# exclude an URL from caching in squid



## ccc (Jan 31, 2009)

hi

I have Squid Version 3.0 PRE5 installed on freebsd.
Howto exclude an URL from caching at squid.conf ?


----------



## geeknik (Feb 1, 2009)

You might want to update your installation of squid. 3.0STABLE12 was just released.
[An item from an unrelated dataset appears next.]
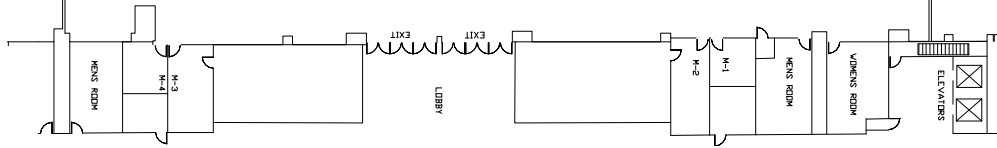

Folding Partition Wall

SCALE: 1"=16'

Dropped Ceiling - Clearance 10'

But in answer to your question, here is what you want in your squid.conf:



> acl no_cache_server1 dstdomain .domain.com
> no_cache deny no_cache_server1
> 
> acl no_cache_server2 dstdomain .domain2.com
> ...



Hope this helps you out.


----------



## ccc (Feb 1, 2009)

geeknik said:
			
		

> You might want to update your installation of squid. 3.0STABLE12 was just released.
> 
> But in answer to your question, here is what you want in your squid.conf:
> 
> ...



thx, but I've read squid3 uses *cache deny ...* instead of no_cache deny.


----------



## geeknik (Feb 1, 2009)

I'm using Squid 3.0 Stable12 on FreeBSD 7.1 and my no_cache deny rules work just fine.


----------



## ccc (Feb 9, 2009)

Squid 3.0 uses:

*cache deny* 

and not

*no_cache deny*

greetings
ccc


----------